Share your dilemmas and get honest opinions from other Mumsnetters.

Private school 'culture'

148 replies

TooManyAnimals94 · 28/04/2021 11:46

Will try and keep this fairly brief whilst still giving enough context. I'm a freelance riding instructor at a stables attached to a private school so most of our riders are pupils there as well. I've been teaching there for the best part of four years and they have always been happy with my work etc.
On Saturday I started a lesson with one of her regular riders and her mum was not happy about the pony she had been put on. He is 'too slow' apparently and her daughter had been doing incredible things at another RS over Easter. In my professional opinion the girl is a fairly capable novice but not exceptional and the pony is safe and suitable for her. I said that it was too late to change the ride list but if she was unhappy I would talk to the manager about an alternative next week. She still wasn't happy and demanding refund. Again I said that would have to be requested in writing to admin as I couldn't authorise it. Started lesson anyway and after several interruptions from the mum I had to say that I couldn't continue if she was going to keep calling me over and not letting me teach. We called it a day and I got the girl to dismount and I put the pony away. This mum then follows me onto the yard ranting about how I'm unprofessional, the stables are not up to scratch for not having another pony available, our ponies are obviously all unsuitable and being very derogatory towards me personally. I kept my cool and said I was sorry she felt that way but I couldn't have that conversation if she was going to keep verbally abusing me, our horses and the establishment. She stormed off then came back AGAIN from the car park to continue having a go. Again I calmly asked her to leave and express any concerns in writing.
Anyway, I have now seen the email chain that has gone between the mum and my manager and the school have bent over backwards to accommodate her, offering a different pony, timeslot and instructor. She has refused all because she doesn't think any of the ponies offered are acceptable so she won't be coming back. I said to my manager that I thought this was unacceptable...she should have been told to take her custom elsewhere after her behaviour. Verbally abusing staff when they have done nothing wrong is not ok. She said that because of the school they had to be seen to be accommodating...why??? I'm not naive, I know money talks but if this woman had behaved like this towards her daughter's history or maths teacher...would the school have had the same reaction? I haven't said anything else to my manager but it's not nice to feel totally unsupported when I have always given my best to that place.
Is this a thing in private schools? I appreciate the customer is always right but up to the point where they are verbally abusive? If it was a restaurant she would have been asked to leave and not return.
Thank you if you got to the end.

OP posts:
Watermelon1234 · 28/04/2021 12:52

I think it’s a combination of rude/demanding mother (I think you get them at state and private schools - and not sure if private worse or not as no experience of this) and really bad management.

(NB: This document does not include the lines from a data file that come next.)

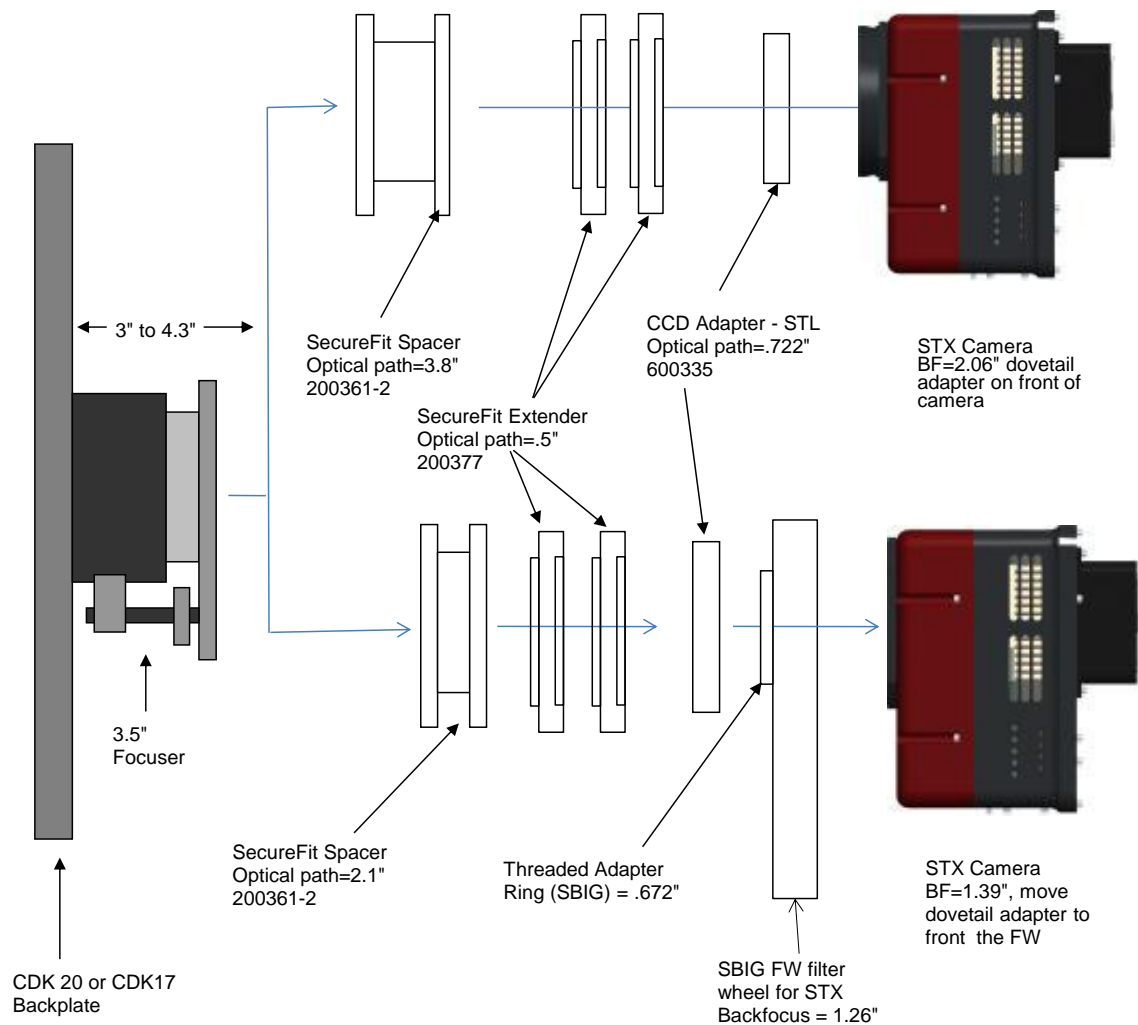

PLANEWAVE INSTRUMENTS
CDK17 SPACERS FOR STX CAMERAS

STX	10.24	remaining BF
Focuser racked in	3	7.24
Focuser position (0-1.3") 200340	0.328	6.912
CCD Spacer 3.8" - 200361-1	3.8	3.112
CCD SecureFit Extender - 200377	0.5	2.612
CCD SecureFit Extender - 200377	0.5	2.112
CCD Adapter STX - 600335	0.722	1.39
STX Back Focus w/threaded adapter ring attached	1.39	0

STX w/ IRF90	10.24	remaining BF
IR90 (raked in) 600180	3.5	6.74
Focus Position (0-1.3")	0.328	6.412
SecureFit 3.8" Adapter - 200361-1	3.8	2.612
SecureFit CCD Extender - 200377	0.5	2.112
CCD Adapter STX - 600335	0.722	1.39
SBIG STX 16803	1.39	0

STX w/ FW	10.24	remaining BF
Focuser racked in	3	7.24
Focuser position (0-1.3")	0.768	6.472
CCD Spacer 2.1 - 200361-2	2.1	4.372
SecureFit Extender - 200377	0.5	3.872
SecureFit Extender - 200377	0.5	3.372
CCD Adapter STX - 600335	0.722	2.65
Filter Wheel w/threaded adapter ring attached	1.26	1.39
STX Back Focus	1.39	0

You sound like you handled it well and then the management did not back you up.

Unfortunately bad management is rife everywhere and can leave you feeling unsupported and demotivated.

I work in the nhs and over the years we have had a few very rude and demanding patients. One in particular sent a complaint filled with things some of which weren’t true. Our management sent a grovelling email (despite agreeing with us that the complaint was unfounded) and gave in to all of the ridiculous demands. Said patient ended up jumping to the top of the waiting list and being given treatment which they demanded which was not indicated.

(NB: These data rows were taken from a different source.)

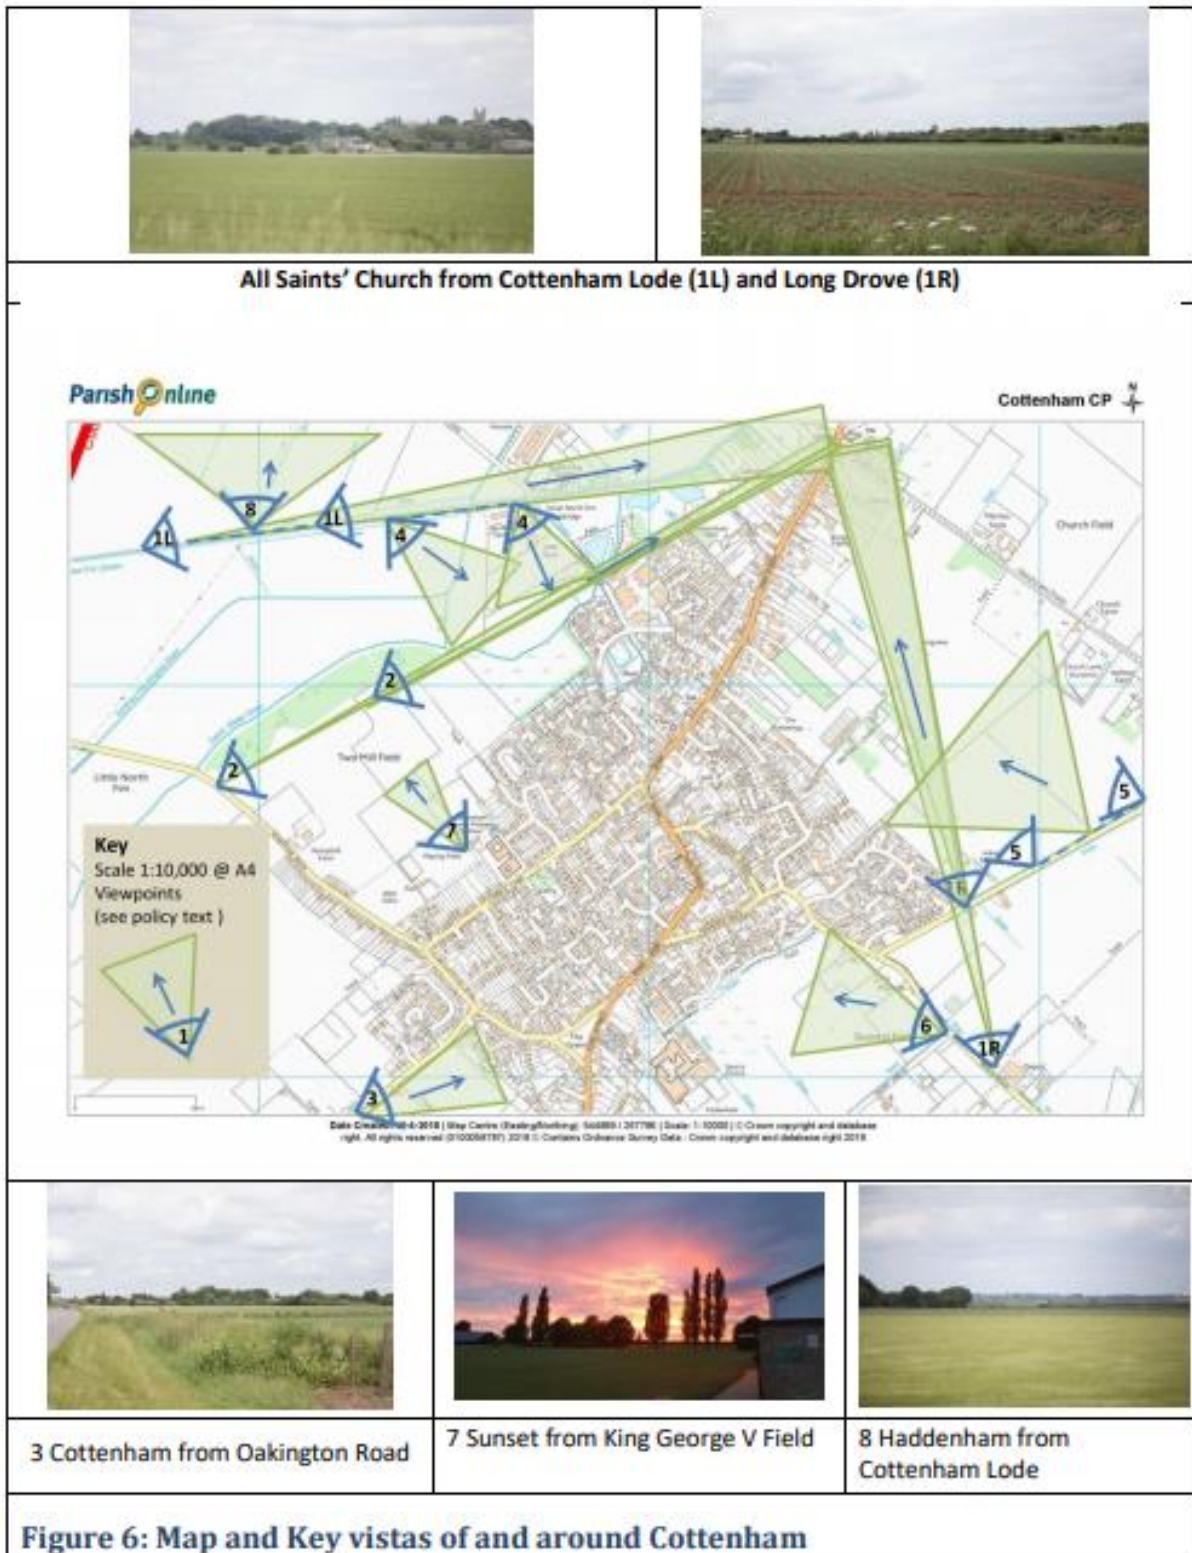

**Cottenham Neighbourhood Plan Pre-submission Draft Plan
version 3.1a (October 2017)**

Policy C/1: Landscape Character Extract - Vistas

All Saints' Church from Cottenham Lode (1L) and Long Drove (1R)

3 Cottenham from Oakington Road

4 Sunset from King George V Field

5 Haddenham from Cottenham Lode

Figure 4: Map and Key vistas of and around Cottenham

Cottenham Neighbourhood Plan Pre-submission Plan (June 2018)

Policy C/1: Landscape Character Extract - Vistas

Cottenham Neighbourhood Plan Referendum Version (February 2020)

Policy COH/1-1: Landscape Character Extract - Vistas

All Saints' Church from Cottenham Lode (1L) and Beach Road (1R)

Cottenham from Oakington Road (3); Sunset from King George V Field (7); Haddenham from Cottenham Lode (8)

Figure 6: Map and Key vistas of and around Cottenham
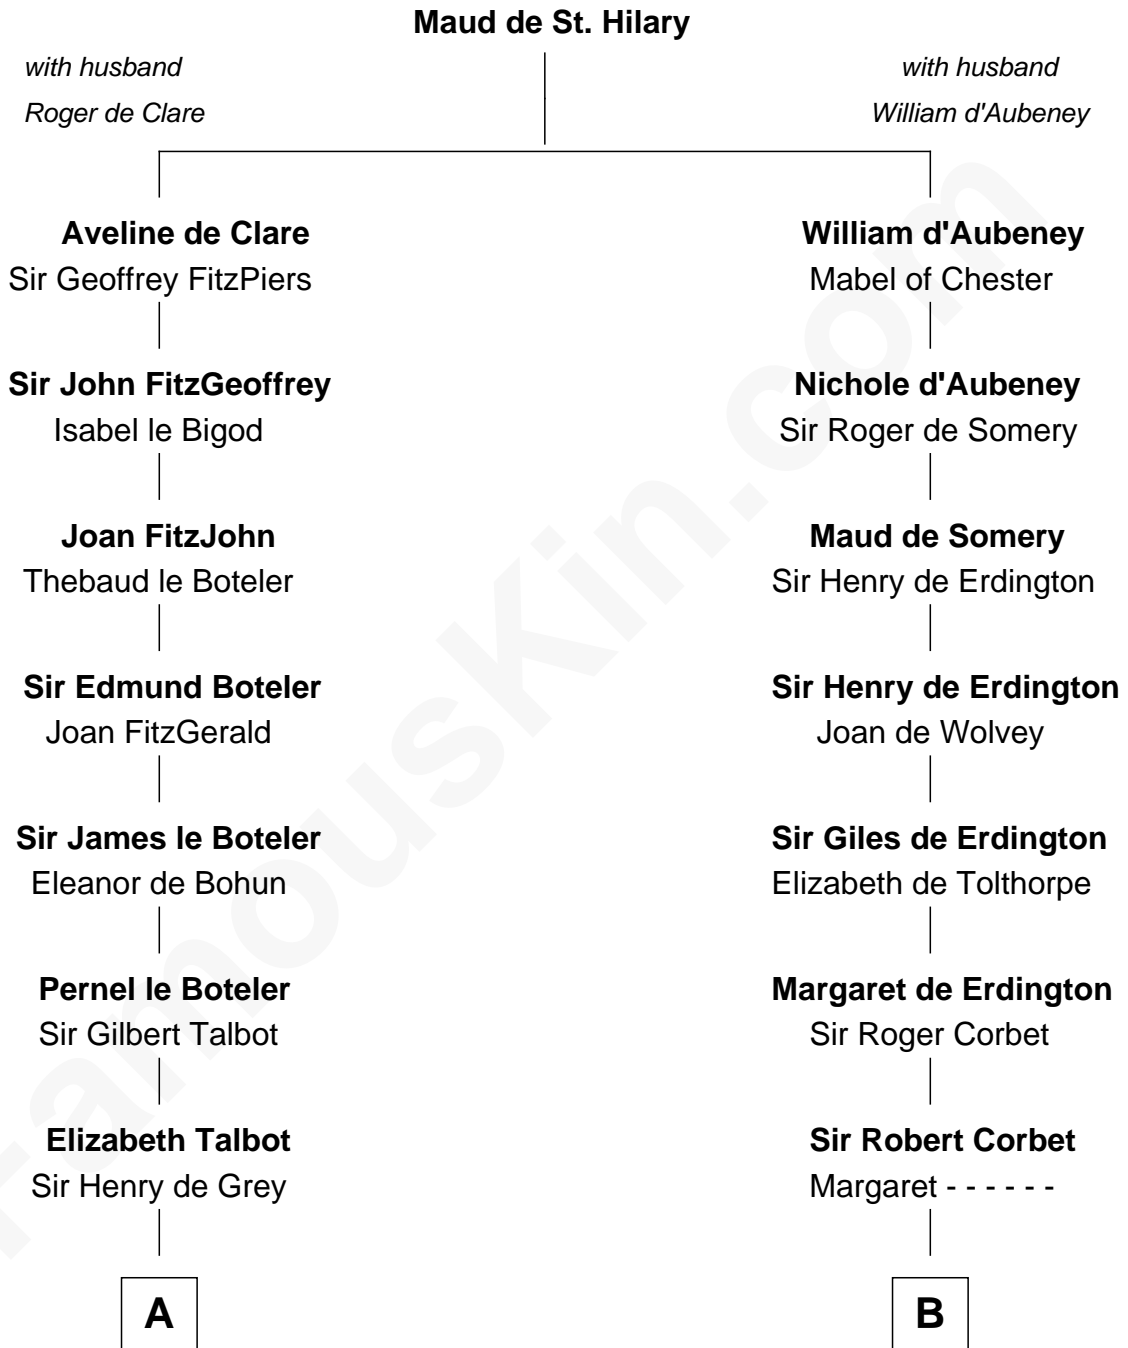

FamousKin.com

Relationship Chart of

Robert Treat Paine

Signer of the Declaration of Independence

17th cousin 2 times removed of

John Hancock

Signer of the Declaration of Independence

C

—
Abigail Willard
Rev. Samuel Treat

—
Eunice Treat
Thomas Paine

—
Robert Treat Paine
Signer of Declaration of Independence

FamousKin.com

It made our team quite resentful, especially after following our procedures to the letter abs felt so sorry for the patients who had waited their turn and then had their treatment delayed to accommodate the complainer.

It’s frustrating and demoralising and I sympathise with you.

MrMucker · 28/04/2021 12:54

There's a lot of missing the point here.
Placating the mother was a business decision.
Not to keep her happy, but to save the reputation of the business.
An angry client like this is undesirable to have on the books, but even less desirable to shift off the books for being an outrage, because someone like her would no doubt trash the reputation of the riding school.
It's quite a close arrangement with the riding school and the school itself, and if they ever fall short of "The Customer is always right" then any pissed off customer is likely to have friends ready to take their kids out of the school too.
As for OP, it's just part and parcel of the job. You are not there to be bothered about shitty parents anyway, you are there for the kid who is riding. Your manager has made their decision, it was not yours to make. Perhaps harden up a bit. It's a business arrangement for the parent, and they are simply strident (ok, rude) in pushing for their money's worth where others may be more passive. It's not personal, it's business.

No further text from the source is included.